Türkiye ekonomisinin büyüdü ancak bunun sürdürülebilir bir büyüme değil. Ülkemizin ihtiyacı olan tüketim ekonomisinden üretim ekonomisine geçmek ve dışa bağımlılıktan kurtulmak.Örneğin yatırım ve istihdam vurgusu yapıyoruz fakat Ordu ikinci OSB’nin 5 yıla yakındır hala altyapısı bitmedi, ne sanayiciye nede dışarıdan gelecek yatırımcıların taleplerine cevap veremiyor. Bu işi çözecek olan ilin siyasileri ve dinamikleridir. Yatırımcı 5 yıl OSB beklemez! Ülkemizde kamu harcamaları, inşaat ve tüketime dayalı bir büyüme şeklimiz var. Bu sürdürülebilir bir büyüme değil. Sağlıklı büyüme üreterek katma değer yaratarak ülkeye doğrudan yatırımları çekerek olur.Ülkemiz maalesef sürdürülebilir bir büyüme modeli oluşturulamadığı için de ciddi bir döviz açığı veriyor. Üstüne politik risklerin de eklenmesiyle bırakın doğrudan yatırımı, sıcak para akışını bile sağlayamıyoruz ve bunun için ciddi maliyet ödüyoruz. Faizlerin düşmesini hepimiz arzu etsek de bunun olumlu etkisinin kısa süreceğini ve bize yansıyan farklı sonuçları olacağını biliyorum. Türkiye’de döviz yükselirse, enerjide ve ara mamulde ışa bağımlı olan ülkemiz bunun maliyetlerini enflasyon ve hayat pahalılığı olarak öder. Kurda ki ve enflasyonda ki bu oynaklık bir sanayici olarak önümü görmemi engelliyor.

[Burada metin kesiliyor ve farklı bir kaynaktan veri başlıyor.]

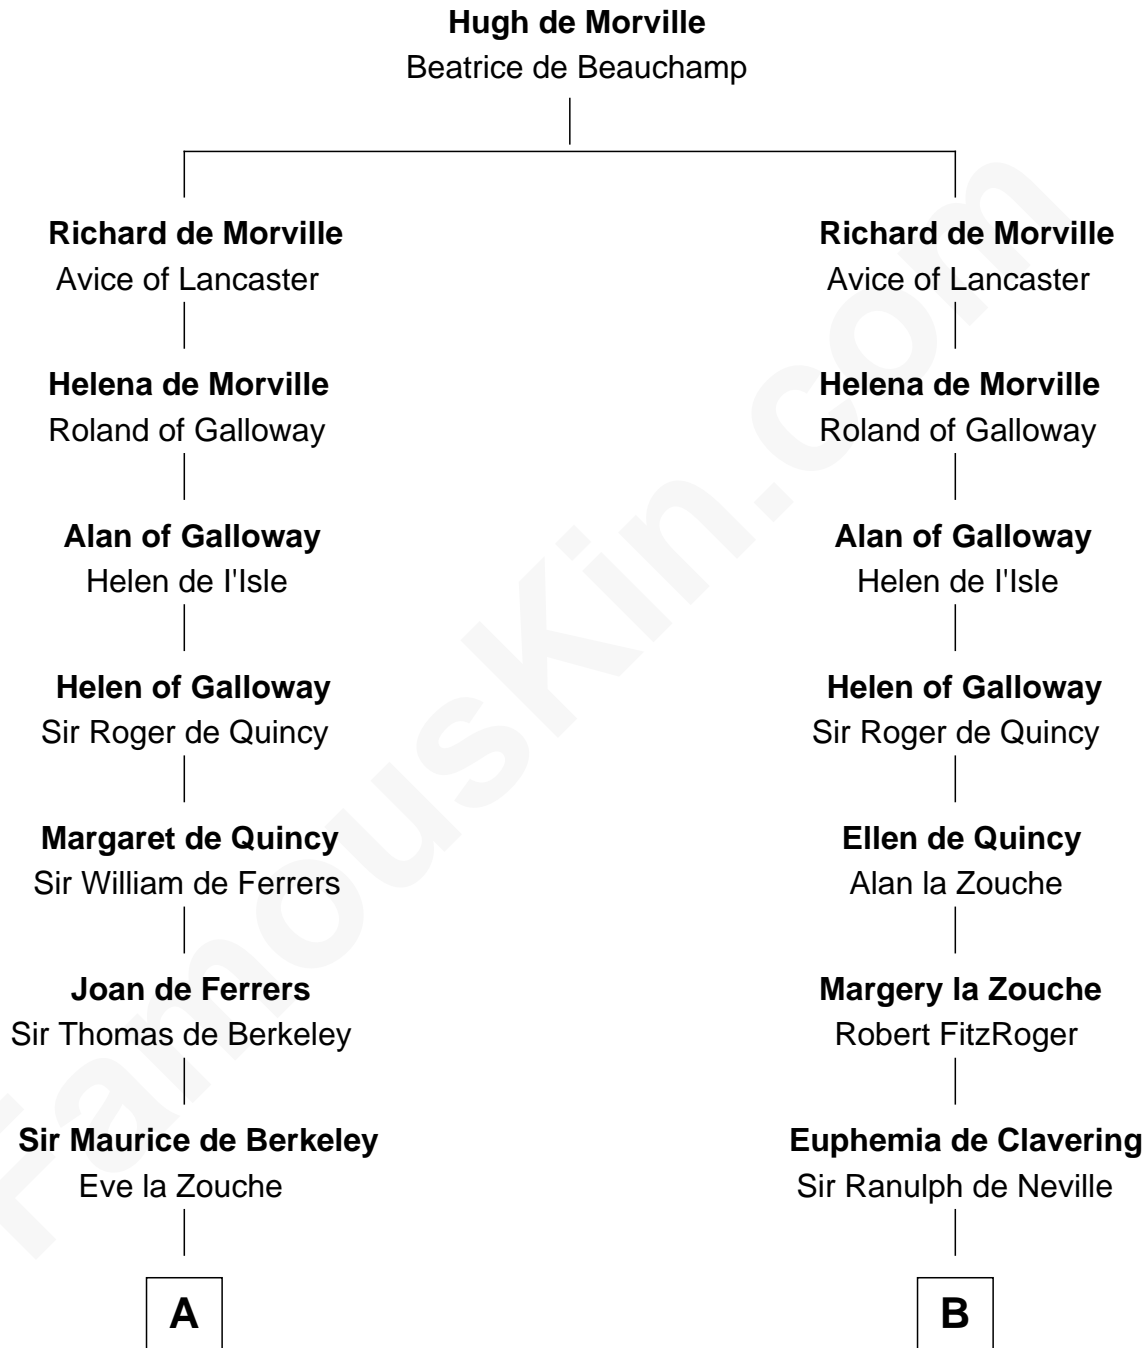

# FamousKin.com Relationship Chart of

**Meriwether Lewis**

*Lewis and Clark Expedition*

14th cousin 7 times removed of

**Jane Seymour**

*3rd Wife of King Henry VIII*

**C**

—  
**Mildred Reade**  
Col. Augustine Warner

—  
**Elizabeth Warner**  
Col. John Lewis

—  
**Col. Robert Lewis**  
Jane Meriwether

—  
**William Lewis**  
Lucy Meriwether

—  
**Meriwether Lewis**  
*Lewis and Clark Expedition*

FamousKin.com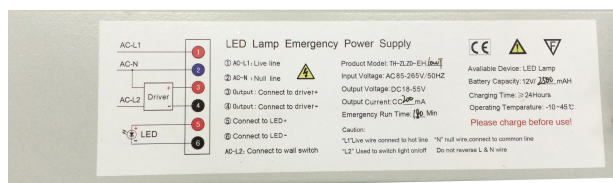

Synergy 21 LED light panel 620*620 with standard power supply unit with emergency power supply 6W

Input: 100-240 V/AC 50/60Hz
Input: 100mA and 6W
Output: 200mA +-5% / 18-55 V/DC / 6 Watt
Charging time: >24h,
Emergency runtime: ~3h
With indicator led and test button
Operating temperature: 0°C to +45°C
LxWxH 300*70*55 mm

Please note that the standard power supply is additionally required.

Additional Images

Accessories

Part No.	Name
147265	Netzkabel 230V Schutzkontakt CEE7(Stecker)->Open End mit Adernendhülsen, 1,8m,Black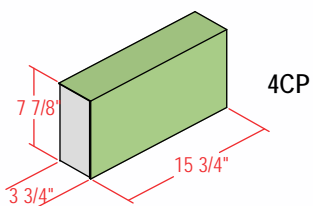

4" SPECTRA-GLAZE SHAPES

Stretchers and Jambs

Coves

Caps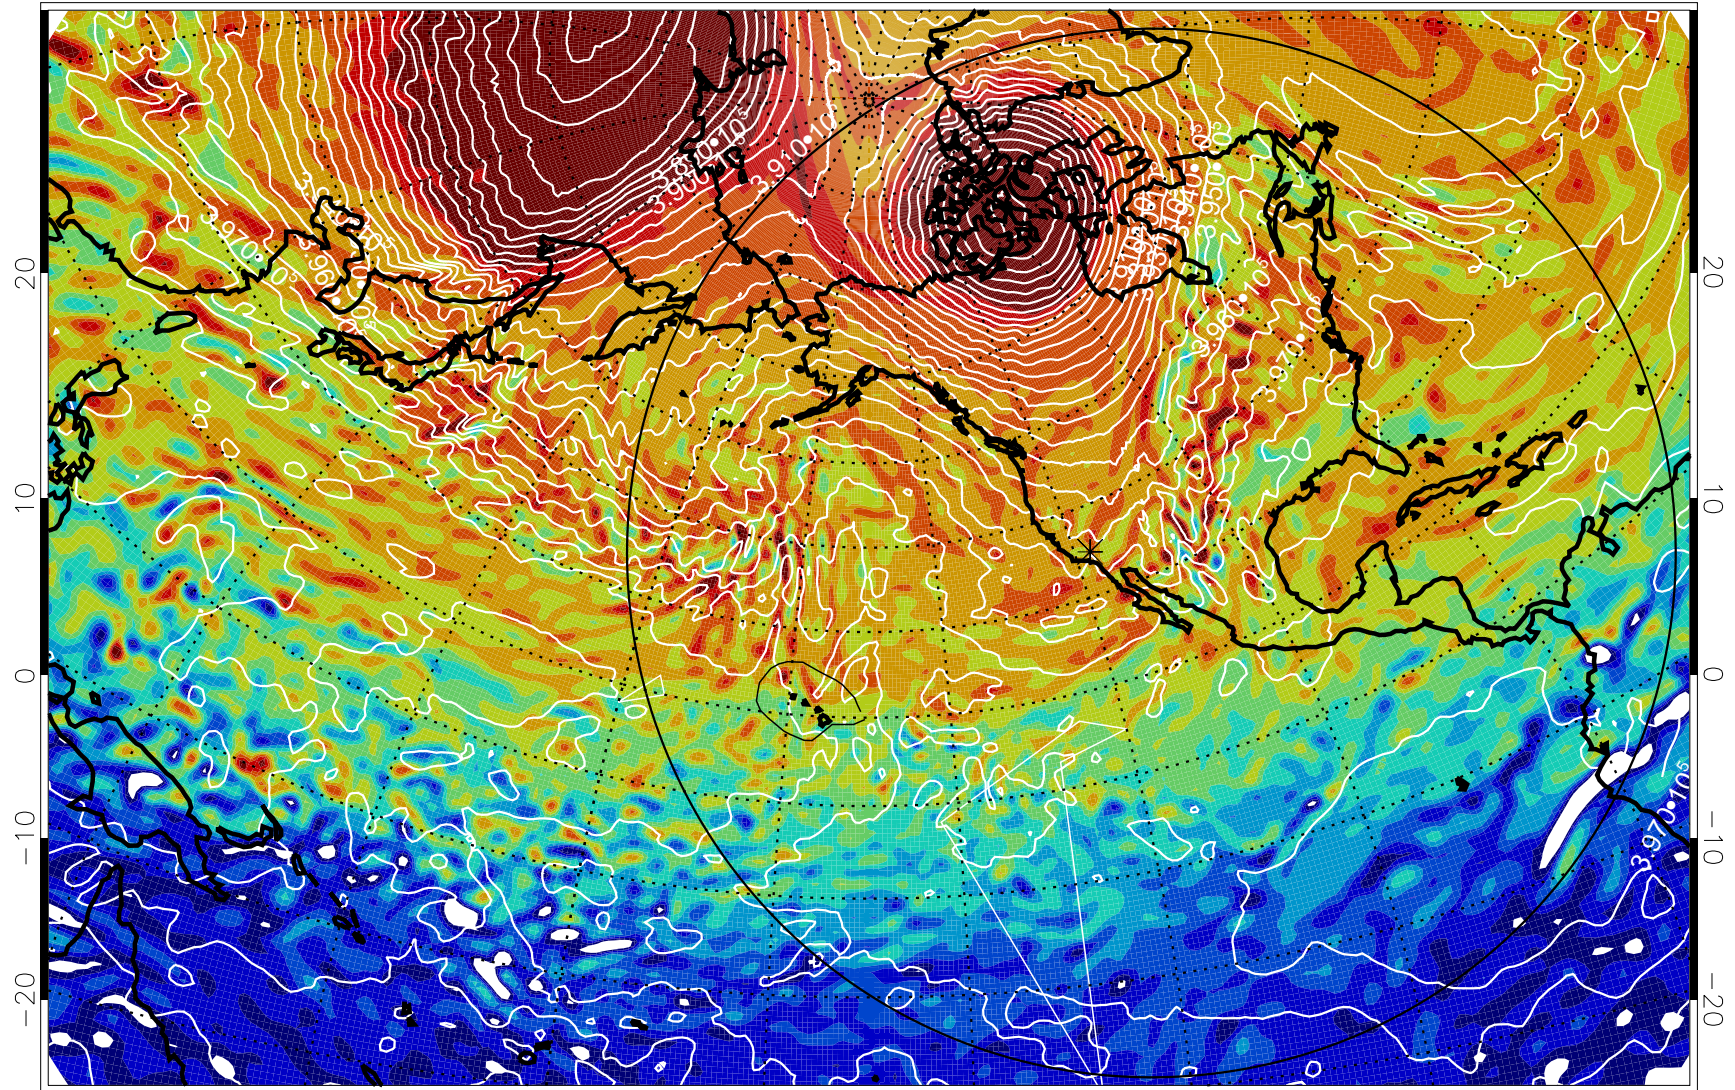

13011200, 24 hour forecast for 460K EPV

460K Montgomery Streamfunction, white

Range ring of 6000 km -- 19 hours GH round trip

13011206, 30 hour forecast for 460K EPV

460K Montgomery Streamfunction, white

Range ring of 6000 km -- 19 hours GH round trip

13011212, 36 hour forecast for 460K EPV

460K Montgomery Streamfunction, white

Range ring of 6000 km -- 19 hours GH round trip

13011218, 42 hour forecast for 460K EPV

460K Montgomery Streamfunction, white

Range ring of 6000 km -- 19 hours GH round trip

13011300, 48 hour forecast for 460K EPV

460K Montgomery Streamfunction, white

Range ring of 6000 km -- 19 hours GH round trip

13011306, 54 hour forecast for 460K EPV

460K Montgomery Streamfunction, white

Range ring of 6000 km -- 19 hours GH round trip

13011312, 60 hour forecast for 460K EPV

460K Montgomery Streamfunction, white

Range ring of 6000 km -- 19 hours GH round trip

13011318, 66 hour forecast for 460K EPV

460K Montgomery Streamfunction, white

Range ring of 6000 km -- 19 hours GH round trip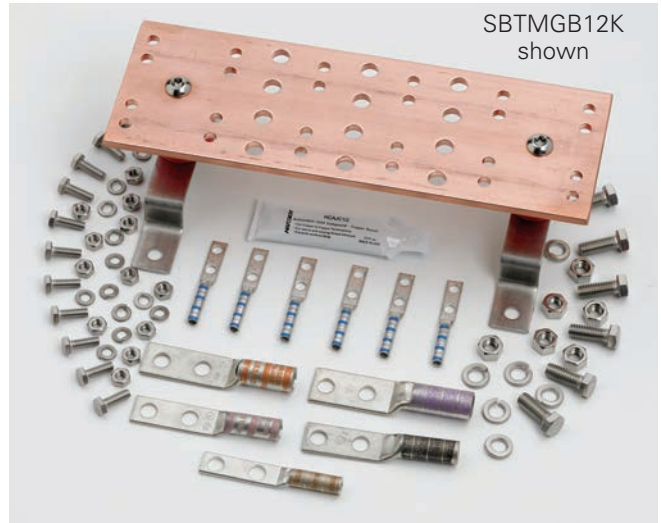

Grounding Accessories

Telecommunications Main Grounding Bar

- Used as a central consolidation point for telecommunications and other low voltage systems within the room
- Typically located on wall or entry room where exterior ground enters building
- Kit includes:
 - 1 - Grounding bar assembly
 - 6 - #6 compression lugs
 - 1 each - #2, 1/0, 2/0, 3/0 compression lugs
 - 12 each - 1/4"-20 x 3/4" (19.0mm) SS4 hex bolts, hex nuts & lock washers
 - 6 each - 3/8"-16 x 1" (25.4mm) SS4 hex bolts, hex nuts & lock washers
- Material: Copper bar and SS4 wall brackets

Dimensional Data	
A	4" (101.6mm)
B	5/8" (15.8mm)
C	1 1/4" (31.7mm)
D	1" (25.4mm)
H1	5/16"Ø (7.9mm)
H2	7/16"Ø (11.1mm)
H3	3/8"Ø (9.5mm)

Part Number	Includes	Length		Wt./Ea.	
		in.	(mm)	lbs.	(kg)
SBTMGB12	Grounding Bar Assy	12"	(305)	4.7	(2.13)
SBTMGB12K	Bar Assy & Hardware Kit	12"	(305)	7.7	(3.49)
SBTMGB20	Grounding Bar Assy	20"	(508)	7.1	(3.22)
SBTMGB20K	Bar Assy & Hardware Kit	20"	(508)	10.1	(4.58)

Dimensional Data

- A = 4" (101.6mm)
- B = 5/8" (15.8mm)
- C = 1 1/4" (31.7mm)
- D = 1" (25.4mm)
- H1 = 5/16"Ø (7.9mm)
- H2 = 7/16"Ø (11.1mm)
- H3 = 3/8"Ø (9.5mm)

Part Number	Includes	Length		Wt./Ea.	
		in.	(mm)	lbs.	(kg)
SBTMGB12	Grounding Bar Assy	12"	(305)	4.7	(2.13)
SBTMGB12K	Bar Assy & Hardware Kit	12"	(305)	7.7	(3.49)
SBTMGB20	Grounding Bar Assy	20"	(508)	7.1	(3.22)
SBTMGB20K	Bar Assy & Hardware Kit	20"	(508)	10.1	(4.58)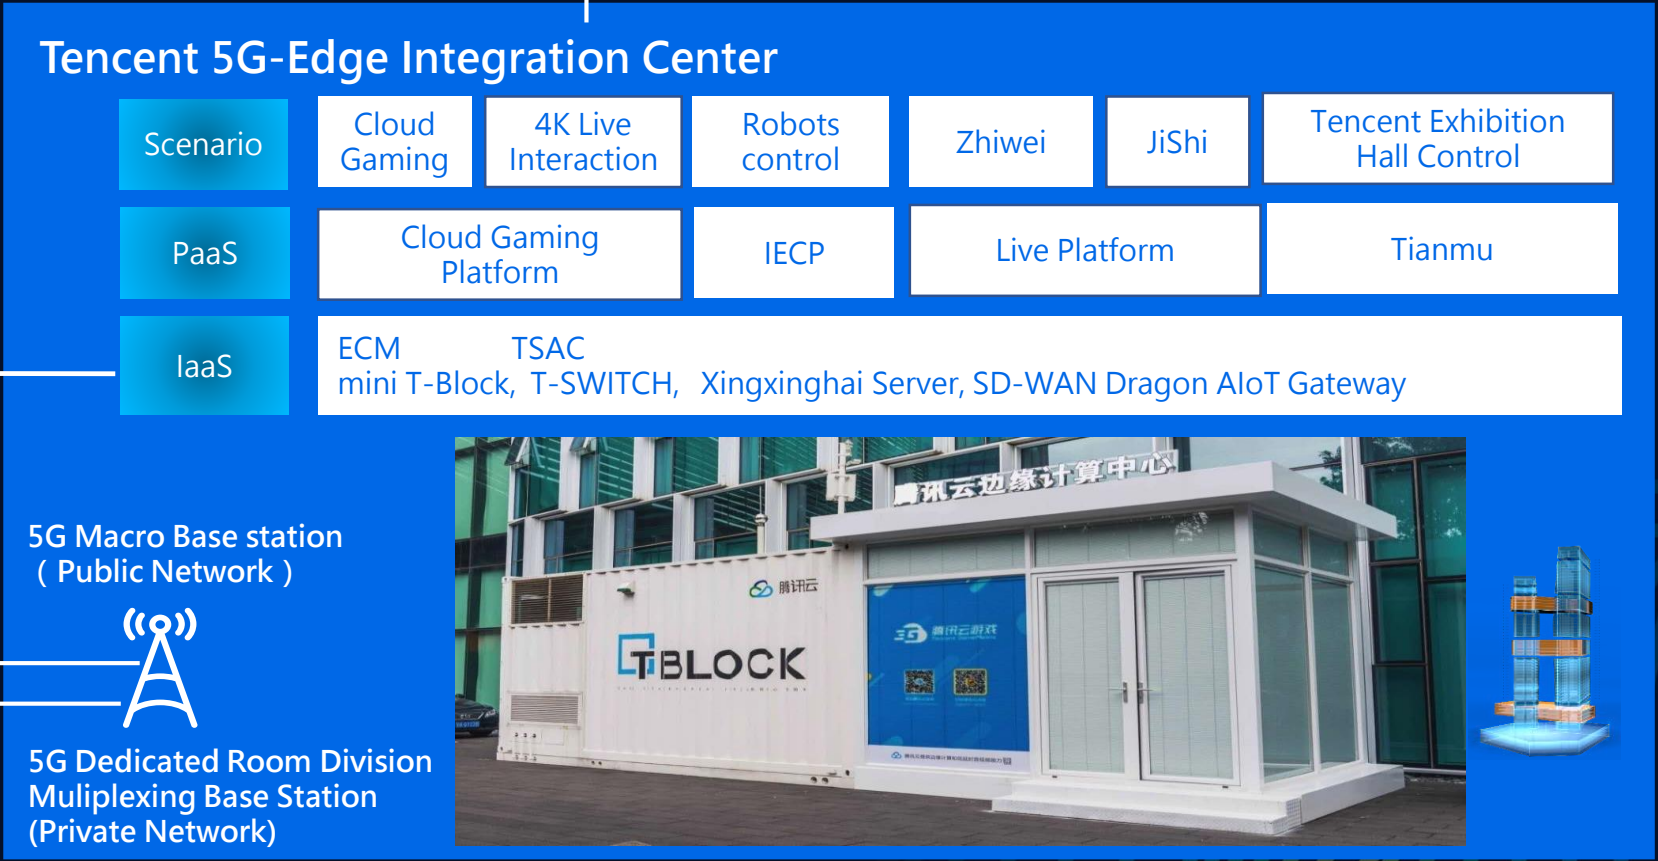

Center Cloud and Service

TSAC : Tencent Smart Access Connector

Low Latency 5G User Connecting to the edge Service

- Network delay reduced by 20%~50%
- Traffic offloading based on IP address or DNS domain name

>>> Practice 1: Tencent 5G Edge Computing Center is officially Opened at Binhai

5G Macro Base station (Public Network)

5G Dedicated Room Division Multiplexing Base Station (Private Network)

Practice 1 (Cont.): Cloud Gaming, 4K Live Interaction

Önümüzdeki yılın bütçesini yapmaya çalışıyoruz ancak dolara göre birkaç farklı senaryo hazırlamak zorunda kaldık. Yıllardır aynı şeyi konuşuyoruz ancak bir türlü çözüm üretemiyoruz. Köklü ve doğru olan şeyleri bildiğimiz halde yapmıyoruz ya da yapamıyoruz. Gelir dağılımındaki uçurumun büyümesi bizi üzüyor. Ülkemizde yatırım ortamının sağlanması gerekiyor. İhracatçılarımızı özel sektörün tüm sıkıntılara rağmen ayakta kaldıkları için kutluyorum. Pandemiyle beraber Avrupa’nın tedarikçi durumuna geldik bu ülke ekonomisi için büyük şans. Özel sektörümüz sayesinde ülkemize ciddi bir döviz girişi oluyor. Bu sanayicilerimizin başarıdır. Mevcut durumu dünya ekonomisindeki hareketliliğe bağlı olarak ihracatla kompanse edebiliyor.
KOBİ’lerin yüzde 90’ının krediye ihtiyacı var
İş dünyası tam olarak ne istiyor?
Emtia fiyat artış ve dövizin yükselmesi ile beraber sanayici ve işletmeler sermaye sıkıntısını daha fazla hissediyor. O yüzden finansmana kolay ulaşabilmek, düşük faizli krediler kullanabilmek bu dönemde oldukça önemli. Geçen yılda olduğu gibi KGF kredileri istiyoruz. KOBİ’lerimizin buna şu an çok ihtiyacı var. Bizlerin beklentisi öngörülebilirlik, dengeli kur ve finansal istikrar. Bir ülkenin ekonomisinin gelişmesi ve dış yatırımların özellikle de doğrudan yatırımların gelebilmesi için ülkede güven ve istikrarın olması önemli. Kurlarda yaşanan hareketlilik özellikle plastik sektörü gibi yurtiçinden yeterli hammadde tedarikini sağlayamayan endüstrilerde daha derinden hissediliyor. ÜFE ile TÜFE arasındaki fark hızla açılıyor. Yani üreticinin yaşadığı maliyet artışını tüketiciye yansıtamadığı ve bu sebeple kar marjının hızla eridiği bir dönemden geçiyoruz. Kazandığımız pazar payını korumayı hatta arttırmayı hedefliyorsak, 2020 yılında mutlak suretle kur hareketliliği kontrol altına alınmalıdır.
Fiyatlarda ‘’kur’’ manipülasyonu bitmeli
Hammadde sorunu ve kurlarda ki hareketlilik ihracatı nasıl etkiliyor?
Demirde, çelikte, metalde, MDF’de plastik, kauçuk ve birçok ara mamulde hammaddede dışa bağımlıyız. TL bazında sadece satış fiyatımızda artış olmuyor, hammadde giderlerimizde de aynı oranda artışlar oluyor. Enerji başta olmak üzere üretici üzerindeki maliyetler sürekli artıyor. Döviz kurlarında istikrar olmadığı sürece maliyet hesabı yapamayız. Ani iniş ve çıkışlar siparişlerimizi olumsuz etkiliyor. Piyasaları rahatlatacak, yatırıma ve üretime teşvik edecek hamleler yapılmalı. Yükseliş ve düşüşler engellenmeli. Öngörülebilir kur oluşması bizler için büyük önem taşıyor. Üzerinde yılların yorgunluğu var. Gelecek nesile daha güzel bir ülke bırakmak için üretim ekonomisine geçmek, yüksek teknolojiyi kullanmak ve nitelikli iş gücüne önem vermek zorundayız. Ucuz işçiliği bırakmamız, dolara bağımlı ekonomiden kurtulmamız gerekiyor.